AI: Ja, das war nicht einfach. Aber die Stadt ist ein Museum, ganz Italien ist ein Museum. Die Öffentlichkeit auf diese Art zu konfrontieren, war ein gewisses Risiko. Aber ich will, dass jede meiner Arbeiten hinterfragt wird. Ich bin eben kontroversiell - ich mag den Begriff, weil er meine eigene Verfasstheit so gut beschreibt.

Sie sagten einmal, persönliche Freiheit sei die Voraussetzung aller Kunst. Stimmt das noch?

AI: Das ist nur die halbe Wahrheit. Einerseits geht es natürlich um persönliche Freiheiten und die Kämpfe, die man dafür austrägt. Aber darüber hinaus muss es in der Kunst auch darum gehen, die Grundwerte der Menschlichkeit zu verteidigen. Schwierig genug, wenn man sich ansieht, dass es uns bis heute nicht gelungen ist, Hunger und Krieg zu überwinden.

Sehen Sie dennoch Grund zur Hoffnung auf die Zukunft?

AI: Unbedingt. Ich sehe gar keine andere Möglichkeit. Denken Sie an unsere Kinder, sie alle erwarten, dass ihnen nur Gutes widerfährt. Daran müssen wir arbeiten.

Können wir auch darauf hoffen, dass die Kunst hilft, Missstände zu verändern?

AI: Das weiß ich nicht. Ich bin da skeptisch.
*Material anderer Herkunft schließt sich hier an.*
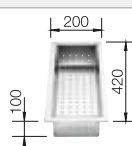

Resteschale Edelstahl

219 649

CHF 344,00 (CHF 318,22)
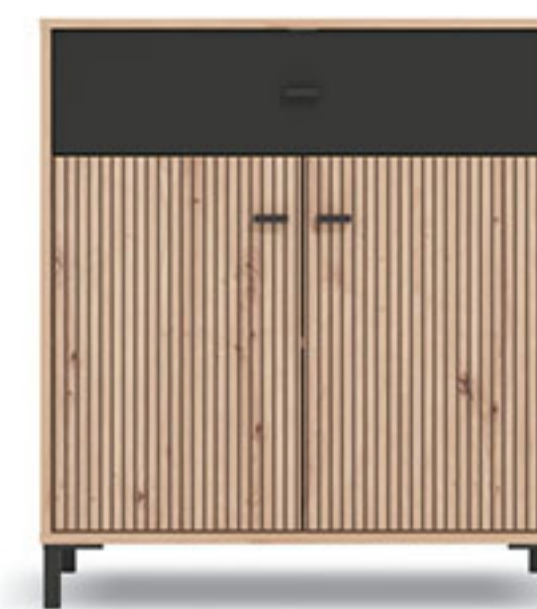

Komoda · Cabinet Avignon 80 2K1F2V

Komoda · Cabinet Avignon 170 4K1F4V

Avignon  
80 2K1F2V  
Komoda · Cabinet  
80x40x90 cm

ARTISAN HRAST/ARTISAN HRAST SA PRUGAMA/CRNA/ARTISAN OAK/ARTISAN OAK WITH STRIPES/BLACK 11014728

Aber meine Kunst geht jedenfalls in diese Richtung.

In einer deutschen Zeitung stand unlängst, Sie seien der berühmteste lebende Chinese. Ist das eine Belastung für Sie?

AI: Gottlob kann ich keine deutschen Zeitungen lesen, ich weiß also nicht, wie berühmt ich angeblich bin. Aber mir fällt auf, dass immer öfter Deutsche auf mich zukommen, um mir die Hand zu schütteln. Mir tun schon die Knochen weh. Die Deutschen sind nett und sehr leidenschaftlich in ihren Überzeugungen. Aber sie langen wirklich fest zu.